Time for a new paperback, perhaps? Here are six good bets:
"Mrs. Osmond" by John Banville (Knopf, $15.95). Banville, the Man Booker Prize-winning author of "The Sea," here follows in the footsteps of Henry James, writing a sequel to the author's 1881 masterpiece, "The Portrait of a Lady." Picking up his plot right where James left the reader hanging so many years ago, Banville "pulls off his elaborate stunt with vigor and style," wrote Seattle Times reviewer Michael Upchurch.
"Birdcage Walk" by Helen Dunmore (Grove Atlantic, $17). The final novel from the late author, who won the inaugural Orange Prize for Fiction for "A Spell of Winter" in 1996, is a Gothic tale set in Bristol and Somerset in 1792. "Dunmore could not write an ugly sentence if she tried," wrote a reviewer in The Guardian, "and she has an extraordinary gift for taking the ordinary and familiar and rendering them new."
"Ali: A Life" by Jonathan Eig (Houghton Mifflin Harcourt, $16.99). Eig's biography of champion boxer Muhammad Ali won this year's PEN/ESPN award for Literary Sports Writing. Seattle Times reviewer David Takami described it as "masterful," noting that Eig "does ample justice to capturing (Ali's) extraordinary and enduring legacy."

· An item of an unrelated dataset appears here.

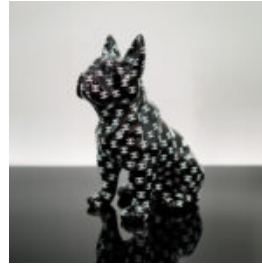

DECORATIVE FIGURINE FRENCH BULLDOG - CC

Article Number:C200s
Product Description:Decorative French Bulldog Figurine - motif...

"The Proposal" by Jasmine Guillory (Berkley, $15). Though not typically a romance reader, I was thoroughly charmed earlier this year by Guillory's debut novel "The Wedding Date." And now she's back again, with another rom-com that sounds irresistible: It's about the fallout from a premature – and rejected – marriage proposal, broadcast on a baseball scoreboard.

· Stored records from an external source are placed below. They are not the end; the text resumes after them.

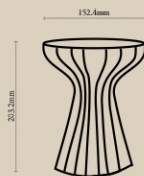

## Taro Lamps

NUMBER	PRODUCT NAME	PRODUCT NUMBER	WIDTH x DEPTH x HEIGHT
Z_2	Taro Lamp Large	RHEA X'THOT 1029	571.5mm Dia x 1200mm H (L)
Z_3	Taro Lamp Medium	RHEA X'THOT 1030	440mm Dia x 850mm H (M)
Z_4	Taro Lamp Small	RHEA X'THOT 1031	304.8mm Dia x 525mm H (S)

## Rikyē Candle Stands

NUMBER	PRODUCT NAME	PRODUCT NUMBER	WIDTH x DEPTH x HEIGHT
Z_5	Rikyē Candle Stand L	RHEA X THOT 1032	152.4mm Dia x 203.2mm H (L)
Z_6	Rikyē Candle Stand M	RHEA X THOT 1033	152.4mm Dia x 177.8mm H (M)
Z_7	Rikyē Candle Stand S	RHEA X THOT 1034	152.4mm Dia x 152.4mm H (S)

"Sleep No More: Six Murderous Tales" by P.D. James (Knopf, $15). Should you be in need of post-Halloween reading, this posthumous volume from the British master of crime fiction was described by The New York Times as "a sophisticated collection ... all stylishly told and worthy of being read aloud by the fire."
"Where the Past Begins" by Amy Tan (HarperCollins, $16.99). The "Joy Luck Club" author's latest book is a loosely structured memoir; reading it, I wrote last year, "feels like taking up temporary residence in Tan's swift mind, a place where metaphors bloom like flowers (my favorite: writing a novel's narrative is 'a laborious and confounding experience tantamount to conducting an orchestra of ghosts') and where cinematic memories live."